TASK REQUIREMENTS:
I would like the entries transcribed word for word, please, with the pictures removed.

DATA UNDER STUDY:
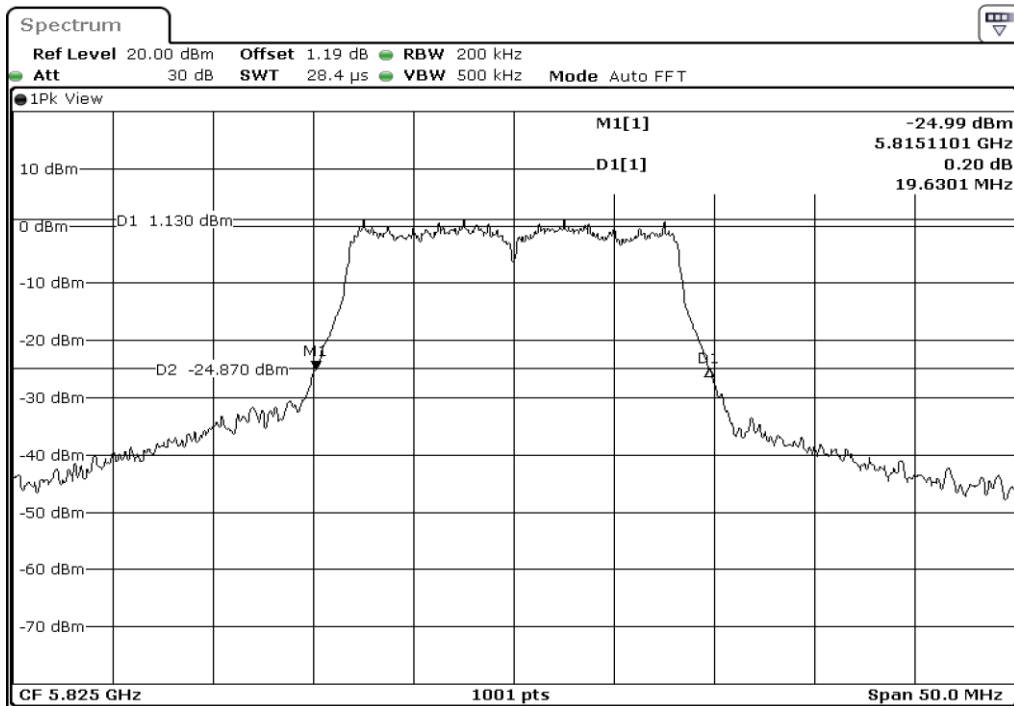

2 26dB Bandwidth

3	26dB Bandwidth
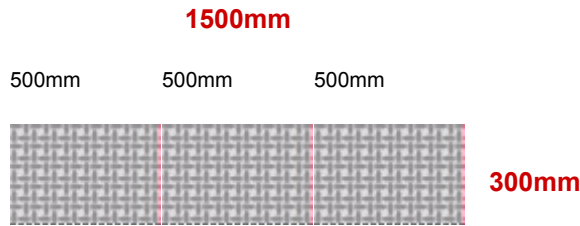

Circular grilles are available in 100, 125, 150, 200, 225, 250 and 300mm diameter sizes and are 60 minute fire rated.

Order Code:

AFFG [Width x [Height] - example AFFG 300200 or AFFG 40040

Fire Test or assessment reports::

Warrington Fire Research: Global Assessment C100767

Chiltern International Fire: FEA/F96117

Trada/Chiltern: RF95041

NHBC Type Approval.

Typical combinations of smaller fire grilles to fill a large aperture eg. aperture size **1000mm x 80mm**

Not suitable for use in Air Conditioning Systems

Free Air Flow Table: Using ASTROflame Intumescent Fire Grille.

Size in mm.

	100	150	200	225	250	300	350	400	450	500	550	600
100	80cm ²	120cm ²	160cm ²	180cm ²	200cm ²	240cm ²	280cm ²	320cm ²	360cm ²	400cm ²	440cm ²	480cm ²
150		180cm ²	240cm ²	270cm ²	300cm ²	360cm ²	420cm ²	480cm ²	540cm ²	600cm ²	660cm ²	720cm ²
200			320cm ²	360cm ²	400cm ²	480cm ²	560cm ²	640cm ²	720cm ²	800cm ²	880cm ²	960cm ²
225				405cm ²	450cm ²	540cm ²	630cm ²	720cm ²	810cm ²	900cm ²	990cm ²	1080cm ²
250					500cm ²	600cm ²	700cm ²	800cm ²	900cm ²	1000cm ²	1100cm ²	1200cm ²
300						720cm ²	840cm ²	960cm ²	1080cm ²	1200cm ²	1320cm ²	1440cm ²
350							980cm ²	1120cm ²	1260cm ²	1400cm ²	1540cm ²	1680cm ²
400								1280cm ²	1120cm ²	1600cm ²	1760cm ²	1920cm ²
450									1620cm ²	1800cm ²	1980cm ²	2160cm ²
500										2000cm ²	2200cm ²	2400cm ²
550											2420cm ²	2640cm ²
600												2880cm ²
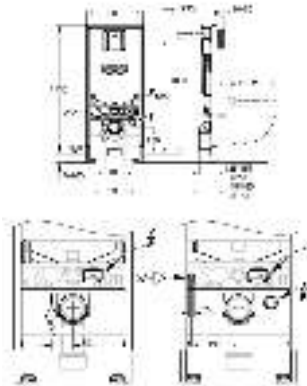

Rapid SLX

Rapid SL 3 в 1 в сборе, для подвесного унитаза,

монтажная высота 1.13 м

смывной бачок GD 2

включает в себя:

Rapid SLX Инсталляция для подвесного унитаза (38 596 000) со встроенной розеткой для подключения унитазов-биде
Rapid SL Настенный уголок (38 558 00M)
Звукоизоляционный комплект (37 131 000)
регулятор скорости смыва

WORKED SOLUTION:
2 26dB Bandwidth

3	26dB Bandwidth

Circular grilles are available in 100, 125, 150, 200, 225, 250 and 300mm diameter sizes and are 60 minute fire rated.

Order Code:

AFFG [Width x [Height] - example AFFG 300200 or AFFG 40040

Fire Test or assessment reports::

Warrington Fire Research: Global Assessment C100767

Chiltern International Fire: FEA/F96117

Trada/Chiltern: RF95041

NHBC Type Approval.

Typical combinations of smaller fire grilles to fill a large aperture eg. aperture size **1000mm x 80mm**

Not suitable for use in Air Conditioning Systems

Free Air Flow Table: Using ASTROflame Intumescent Fire Grille.

Size in mm.

	100	150	200	225	250	300	350	400	450	500	550	600
100	80cm ²	120cm ²	160cm ²	180cm ²	200cm ²	240cm ²	280cm ²	320cm ²	360cm ²	400cm ²	440cm ²	480cm ²
150		180cm ²	240cm ²	270cm ²	300cm ²	360cm ²	420cm ²	480cm ²	540cm ²	600cm ²	660cm ²	720cm ²
200			320cm ²	360cm ²	400cm ²	480cm ²	560cm ²	640cm ²	720cm ²	800cm ²	880cm ²	960cm ²
225				405cm ²	450cm ²	540cm ²	630cm ²	720cm ²	810cm ²	900cm ²	990cm ²	1080cm ²
250					500cm ²	600cm ²	700cm ²	800cm ²	900cm ²	1000cm ²	1100cm ²	1200cm ²
300						720cm ²	840cm ²	960cm ²	1080cm ²	1200cm ²	1320cm ²	1440cm ²
350							980cm ²	1120cm ²	1260cm ²	1400cm ²	1540cm ²	1680cm ²
400								1280cm ²	1120cm ²	1600cm ²	1760cm ²	1920cm ²
450									1620cm ²	1800cm ²	1980cm ²	2160cm ²
500										2000cm ²	2200cm ²	2400cm ²
550											2420cm ²	2640cm ²
600												2880cm ²

Rapid SLX

Rapid SL 3 в 1 в сборе, для подвесного унитаза,

монтажная высота 1.13 м

смывной бачок GD 2

включает в себя:

Rapid SLX Инсталляция для подвесного унитаза (38 596 000) со встроенной розеткой для подключения унитазов-биде
Rapid SL Настенный уголок (38 558 00M)
Звукоизоляционный комплект (37 131 000)
регулятор скорости смыва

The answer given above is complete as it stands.